The request came from Elizabeth Dagostino, a resident who wants to raise three hens with the help of her two young sons. Amherst already allows the practice, evidently with no serious clucking from neighbors.
Dagostino says the hens are no louder than cats and that she won’t proceed if neighbors object. For those who do, we suggest Sunday brunch omelettes.
Maybe this will put a lid on the number of selfies that show up online: A new study says that those ubiquitous closeups – are you ready for this? – make your nose look big.
Not that we have anything against protuberant proboscises, you understand. Some of these notable noses are truly magnificent, as fans of Tony Bennett surely understand. We’re all for historic honkers.
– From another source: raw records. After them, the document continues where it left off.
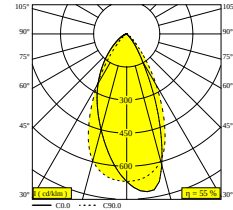

[View on website](#)

General info

LOCATION	indoor
INSTALLATION	Ceiling Semi-recessed
CUTOUT SHAPE/SIZE (MM)	round - 43
RECESSED DEPTH (MM)	40
INGRESS PROTECTION	IP20
WEIGHT (KG)	0.3
ADJUSTABILITY	0° to 85° swiveling, 355° rotatable
INFORMATION	WALLWASH LENS EXCL.LED POWER SUPPLY 350mA-DC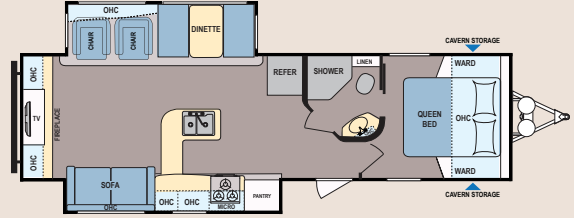

281BH

296BH

297RE

305RE

313BH

Ultra Lite Expandables

171E

211E

236E

Specifications

	Average Shipping Weight*	Hitch Weight	Cargo Capacity	Length	Width	Height	Fresh Water Capacity**	Black Water Capacity	Gray Water Capacity	Furnace BTU
Explorer Expandables										
171E	3,103	310	747	18' 6"	8'	9' 11"	60	28	39	19,000
211E	3,748	375	2,852	21' 7"	8"	10' 1"	60	28	39	19,000
236E	4,305	560	2,295	24' 3"	8'	10' 7"	60	28	39	19,000
Explorer										
194QB	4,741	568	1,859	25' 7"	8'	10' 9"	60	28	39	19,000
247RK	5,332	508	2,268	28' 8"	8'	10' 8"	60	28	67	30,000
249RB	5,043	605	1,557	28' 11"	8'	10' 1"	60	28	39	30,000
260RL	5,965	656	1,635	31' 1"	8'	10' 9"	60	28	39	30,000
271RB	6,173	802	1,427	31' 4"	8'	10' 10"	60	28	67	30,000
277RD	5,515	826	2,085	31' 6"	8'	10' 10"	60	28	39	30,000
281BH	6,228	685	1,372	32' 6"	8'	10' 7"	60	28	67	30,000
296BH	6,516	651	3,164	32' 6"	8'	10' 9"	60	28	67	30,000
297RE	7,007	631	2,673	34' 10"	8'	11' 1"	60	28	78	30,000
305RE	6,534	840	3,146	34' 9"	8'	11' 1"	60	28	78	30,000
313BH	7,268	1,018	1,832	36' 1"	8'	11'	60	28	39	30,000

*Our weights represent how most units are built, inclusive of many commonly-ordered options. **Fresh water capacity includes water heater capacity

Standards and Options

Exterior

120V Exterior Outlet
30 AMP Power Cord
Black Tank Flush
Equaflex Suspension
Diamond Plate
EZ Lube Axles
Steel Wheels (silver)
28" Friction Hinge Entrance Door(s)
Folding Entry Step (double/triple, F/P specific)
Front/Rear Stabilizer Jacks
Cavern Baggage Compartment w/Slam Latches (N/A – 171, 211, 236)
LP Quick Connect
Porch Light w/Interior Switch
Outside Speakers
LED Light in Power Awning
Radial Tires
Enclosed Heated Holding Tanks (N/A – 171, 211, 236)
Tinted Frameless Safety Glass Windows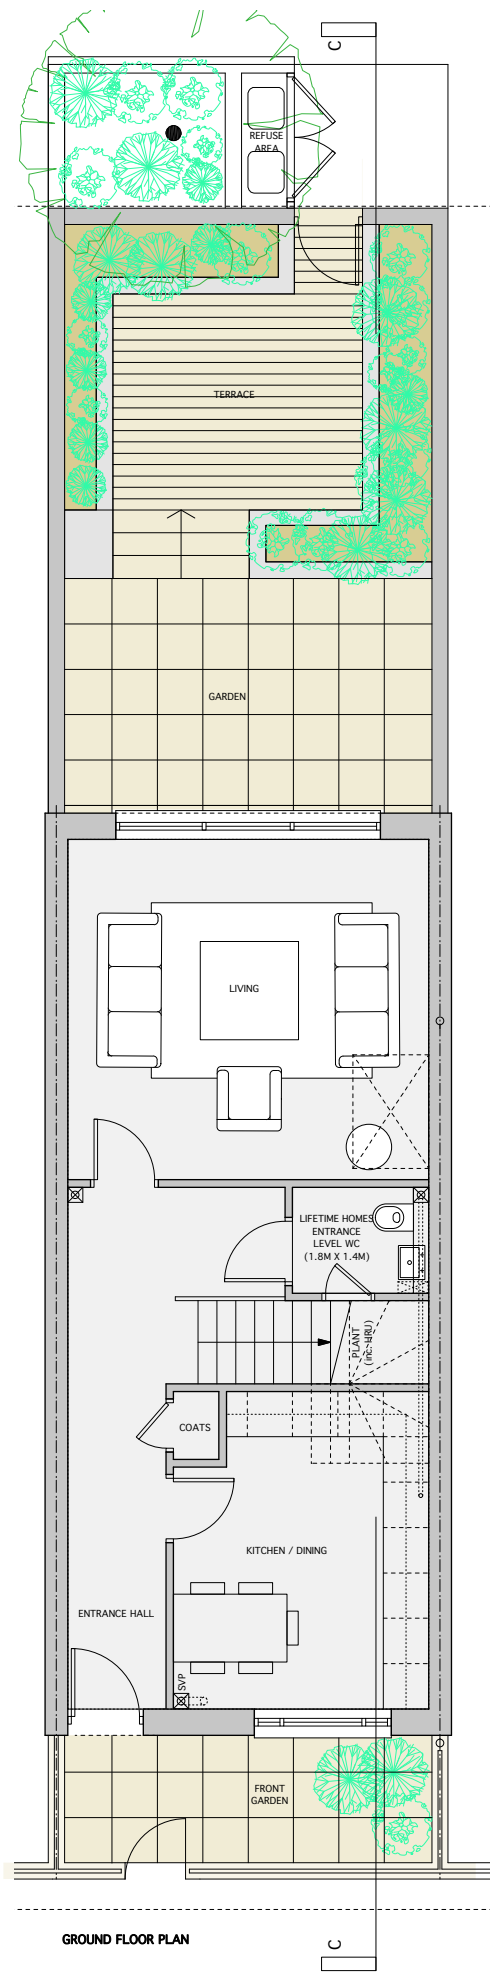

TYPE C (3 ST) HOUSE GIA -
146.4 SQM / 1576 SQFT

scale 1:50 @ A1
1:100 @ A3

04 Nov 2011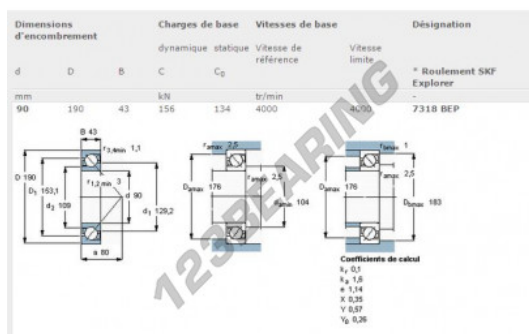

Deep groove ball bearing single row 7318-BEP-SKF - 7318-BEP-SKF

<https://www.123bearing.ca/bearing-housing/deep-groove-bearing/single-row/7318-bep-skf>

PRODUCT FEATURES

Brand	SKF
N° Ean13	7316577151216
Inside diameter	90 mm
Sealing	Non-tight
Cage	Non-metallic
Contact angle	40 °
Outside diameter	190 mm
Thickness	43 mm
Limiting speed	4000 rpm
Weight	5200 g
Dynamic load	156 kN
Static load	134 kN
Packaging	1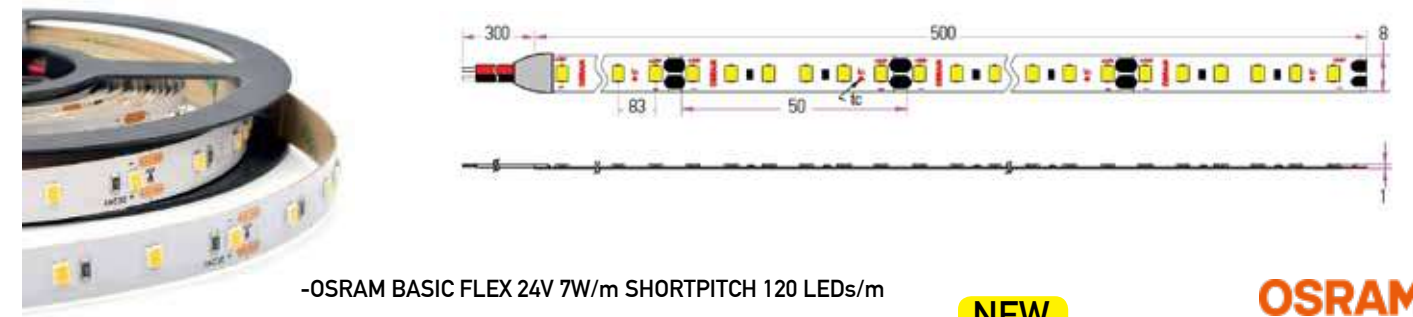

-OSRAM BASIC FLEX 24V 7W/m SHORTPITCH 120 LEDs/m

NEW **OSRAM**
Less Wattage Better Efficiency

Code	IP	Kelvin	CRI	Watt	Lm/m
4062172231374	20	3000	85	7W/m	800
4062172231398	20	4000	85	7W/m	850

Lumen Efficiency	110Lm/W	5 YEARS GUARANTEE
SDCM	3	
Ra	85	
LEDs/m	120	
Voltage	DC24V	
Width	8mm	
Unit cut	50mm	
Life Span	30000H	
Waterproof Rate	IP20	

Dimming Options

1. DALI Dimming : Dali Driver 24V + Switch DALI MCU . Suitable with Drivers to Page : 701
2. BLUETOOTH Dimming : Element Driver 24V+OT BLE (CASAMBI App) . Suitable with Drivers to Page : 700
3. PHASECUT Dimming : Suitable with PhaseCut Drivers to Page : 701
4. 1-10 Dimming : 1-10 Driver 24V . Suitable with 1-10V Drivers to Page : 701
5. PUSH BUTTON Dimming : Dali Driver 24V to Page : 701

It’s the selfies. Too, too many. Maybe this report will dampen the enthusiasm for this modern-day vanity. More likely, it will produce a run on selfie sticks. Oh. well.
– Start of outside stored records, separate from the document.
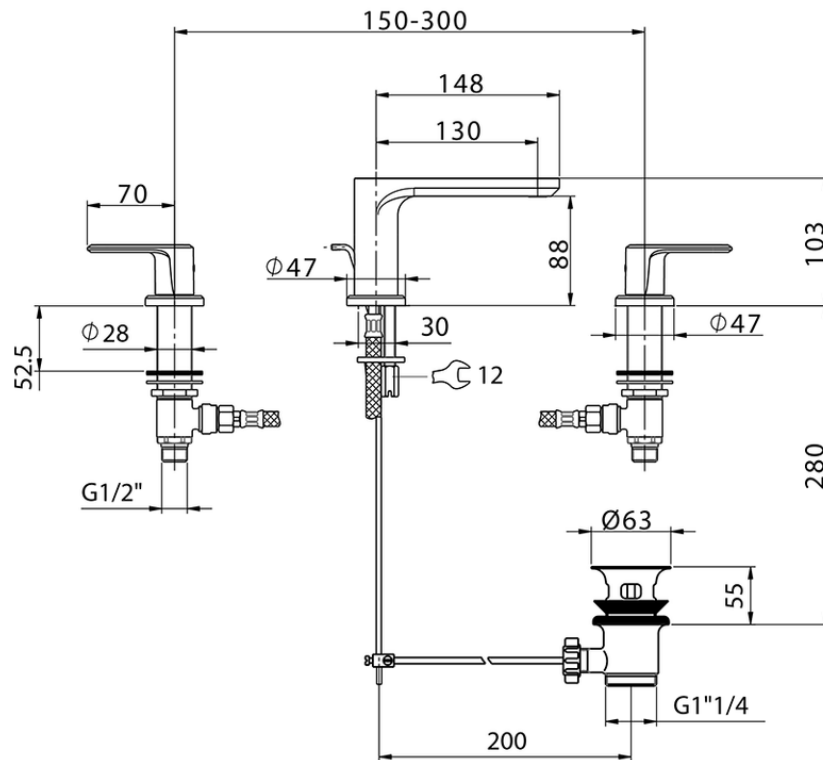

Washbasin 3-holes mixer LINEAVIVA_LV001020

LV001020

<https://en.cisal.it/washbasin-3-holes-mixer-lineaviva-lv001020>

2026-04-30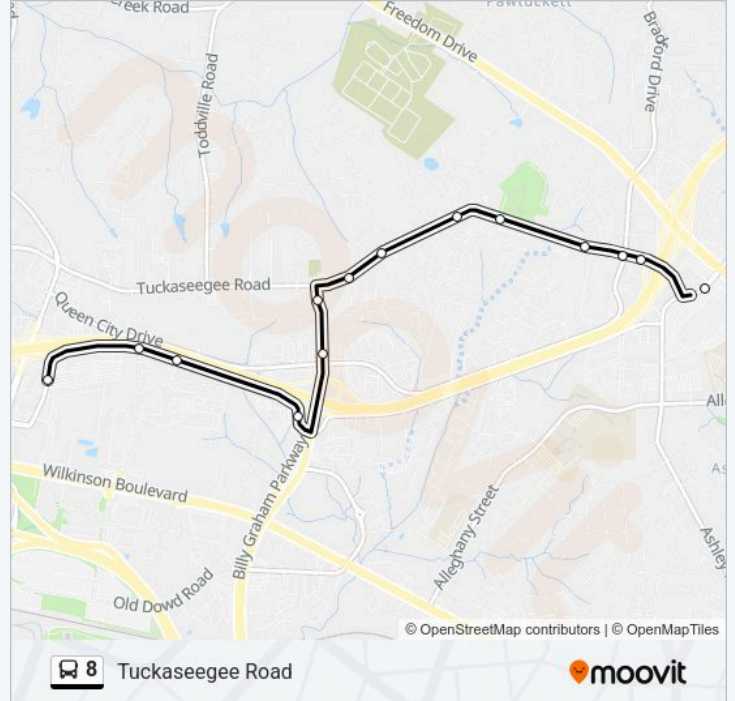

### 8 bus Info

**Direction:** Inbound

**Stops:** 31

**Trip Duration:** 29 min

**Line Summary:**

Tuckaseegee Rd & Clay Ave  
 Tuckaseegee Rd & State Ave  
 Tuckaseegee Rd & Jay St  
 Tuckaseegee Rd & Wesley Heights Way  
 4th St Ext & Grandin Rd  
 4th St Ext & Sycamore St  
 4th St Ext & Victoria Ave  
 Trade St & Graham St  
 Trade St & College St  
 Charlotte Transportation Center

**Direction: Outbound**

33 stops

[VIEW LINE SCHEDULE](#)

Charlotte Transportation Center  
 4th St & Tryon St  
 4th St & Poplar St  
 4th St & Graham St  
 4th St Ext & Victoria Ave  
 4th St Ext & Sycamore St  
 4th St Ext & Grandin Rd  
 4th St Ext & Wesley Heights Way  
 Tuckaseegee Rd & Jay St  
 Tuckaseegee Rd & State St  
 Tuckaseegee Rd & Rush Ave  
 Tuckaseegee Rd & Parkway Ave  
 Tuckaseegee Rd & Enderly Rd  
 Tuckaseegee Rd & Mcquay St  
 Tuckaseegee Rd & Karendale Ave  
 Tuckaseegee Rd & Glenwood Dr  
 Tuckaseegee Rd & Hazel St  
 Tuckaseegee Rd & Tennyson Dr

**8 bus Info**

**Direction:** Outbound

**Stops:** 33

**Trip Duration:** 26 min

**Line Summary:**

Ashley Rd & Freedom Dr

Freedom / Ashley

Tuckaseegee Rd & Ashley Rd

For a guy who didn’t want to waste government money giving poor people creature comforts, as he made clear while touring facilities for the poor last year, HUD Secretary Ben Carson is not sparing any expense when it comes to his own office digs.
Department of Housing and Urban Development officials spent $31,000 on a new dining room set for Carson’s office in late 2017, although he later tried wriggling out of the deal. The expense coincided with White House plans to cut HUD’s programs for the homeless, elderly and poor, according to the New York Times.
But hey, he needed to spruce up the 1960s-era office suite and furniture Carson can now enjoy fine dining in style while, in the spirit of Marie Antoinette, the poor can go eat cake.